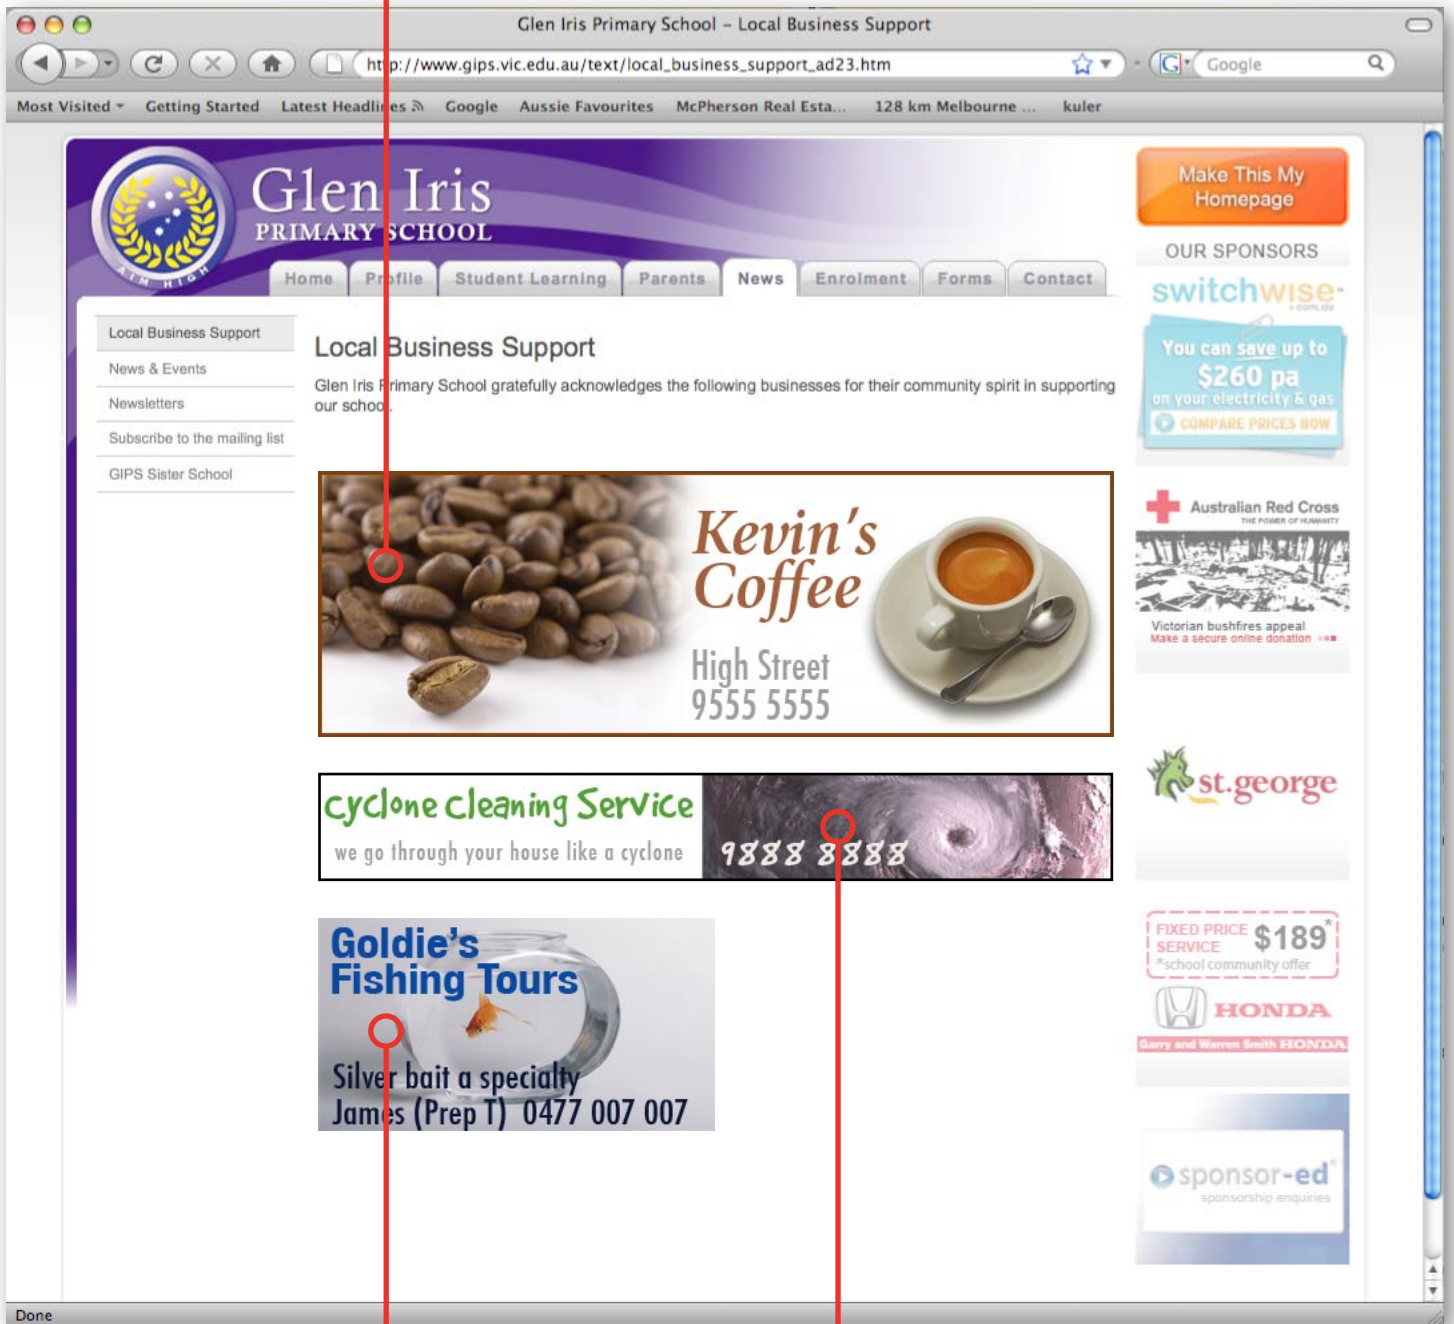

## Specifications

TYPE	SIZE (WIDTH X DEPTH)	FORMATS
Newsletter ads	90mm x 55mm @ 300dpi	EPS, TIFF, PSD, JPEG
Large Web Banner	600px x 200px @ 72dpi	PSD, JPEG, PNG
Medium Web Banner	600px x 80px @ 72dpi	PSD, JPEG, PNG
Medium Web Ad	290px x 180px @ 72dpi	PSD, JPEG, PNG

**Premium Banner**

600px x 200px

**Standard Ad**

290px x 160px

**Standard Banner**

600px x 80px

**Glen Iris**  
PRIMARY SCHOOL
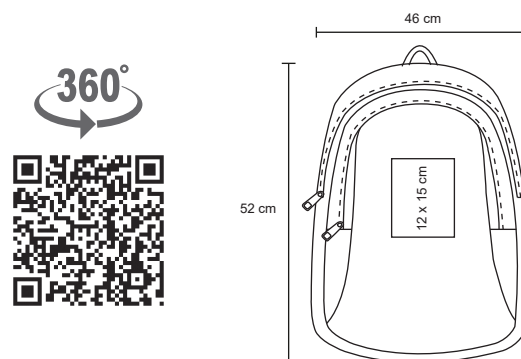

YOCO

BL 027

Mochila de 3 compartimientos con espacio para laptop max. de 17 pulgadas. tirantes, espalda acojinada y bolsas laterales de malla.

- MT Poliéster
- M 46 x 52 cm
- E 50 Pzas
- MI 12 x 15 cm
- TI Serigrafía / Bordado
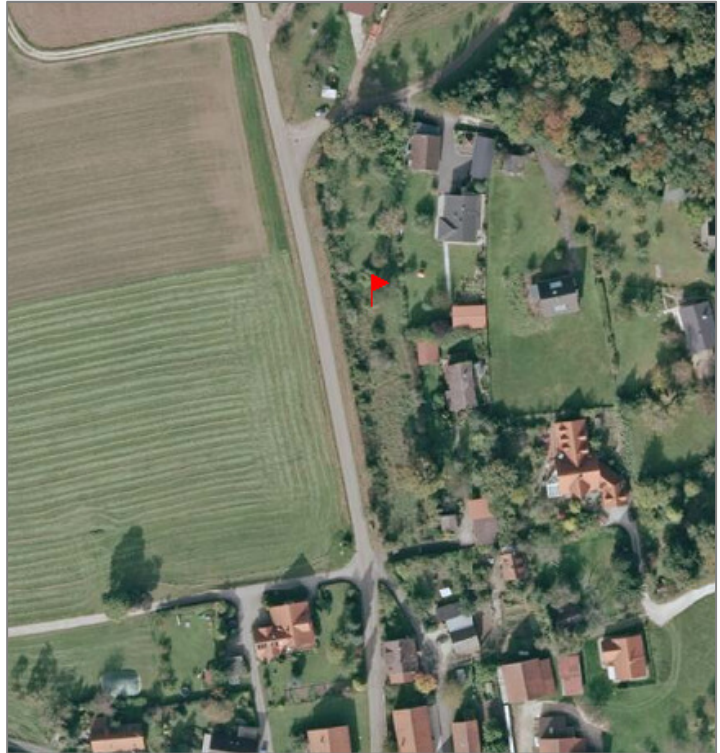

Trainmeusel: Bauplatz

Angaben zum Grundstück:

Flurstücks-Nummer(n): 201
Gemarkung: Birkenreuth
Lage: Trainmeusel, 91346 Wiesental
Grundstücksgröße: 2.664 m²

Lageplan:

Luftbild:

Ergänzende Informationen des Eigentümers:
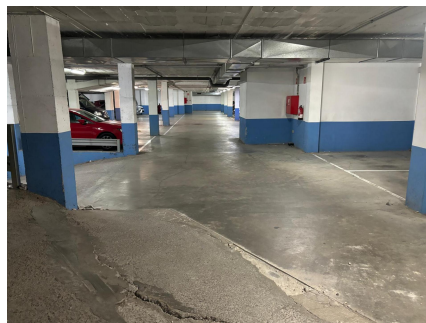

Busques plaça d'aparcament a Torelló?  
Mira aquesta oferta! T'encantarà.

Promoció  
AG1116\_003746-99

Població  
Torelló

Plaça d'aparcament en lloguer a Torelló. Plaça ampla amb una superfície apte per a dos cotxes. Garatge amb porta automática amb comandament, i fàcil accés. Barri de Joanot Martorell. Número API: A10272, número registro: 4394
────────────────────────────────────────
# [Task requirements]
All that is needed is the number of lines above in which the string "Torelló" appears.

# [Problem solution]
3